● WHAT IS BEING ASKED:
Please copy out every line in the entries that includes the word "Sofá".
(MATERIAL FOR THIS EXERCISE)
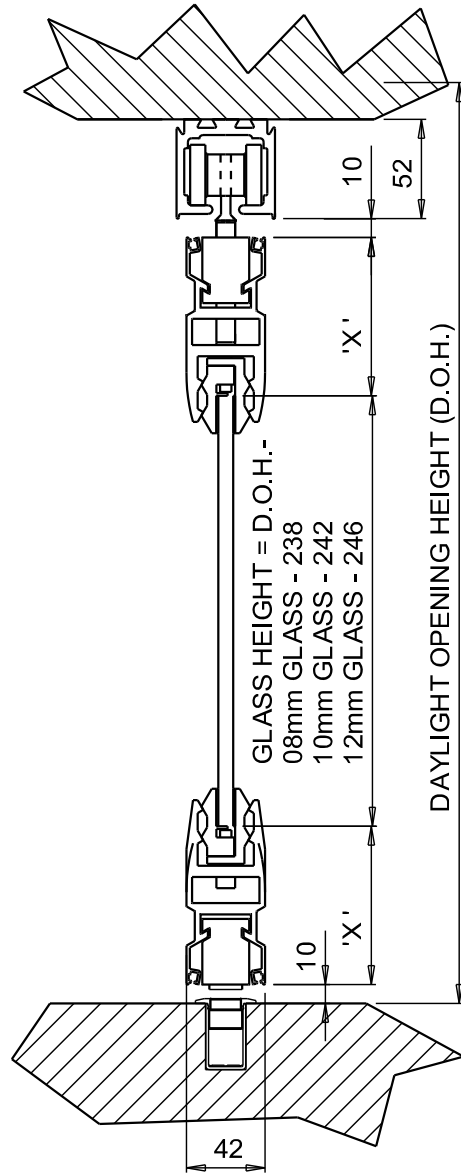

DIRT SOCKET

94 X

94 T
(End MATERIAL FOR THIS EXERCISE)
(MATERIAL FOR THIS EXERCISE)
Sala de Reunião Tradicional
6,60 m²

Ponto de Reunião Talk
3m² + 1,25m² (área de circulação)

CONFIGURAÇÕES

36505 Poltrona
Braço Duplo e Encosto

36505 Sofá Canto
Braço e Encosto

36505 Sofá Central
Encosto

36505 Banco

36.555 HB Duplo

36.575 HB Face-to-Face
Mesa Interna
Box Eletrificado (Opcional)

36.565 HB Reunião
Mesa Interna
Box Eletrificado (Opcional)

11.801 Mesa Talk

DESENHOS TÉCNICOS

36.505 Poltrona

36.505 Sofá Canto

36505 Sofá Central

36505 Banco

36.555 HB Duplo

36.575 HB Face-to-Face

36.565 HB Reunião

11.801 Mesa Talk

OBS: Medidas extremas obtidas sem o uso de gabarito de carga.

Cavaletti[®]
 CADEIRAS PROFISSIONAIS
(End MATERIAL FOR THIS EXERCISE)
● ANSWER:
36505 Sofá Canto
36505 Sofá Central
36.505 Sofá Canto
36505 Sofá Central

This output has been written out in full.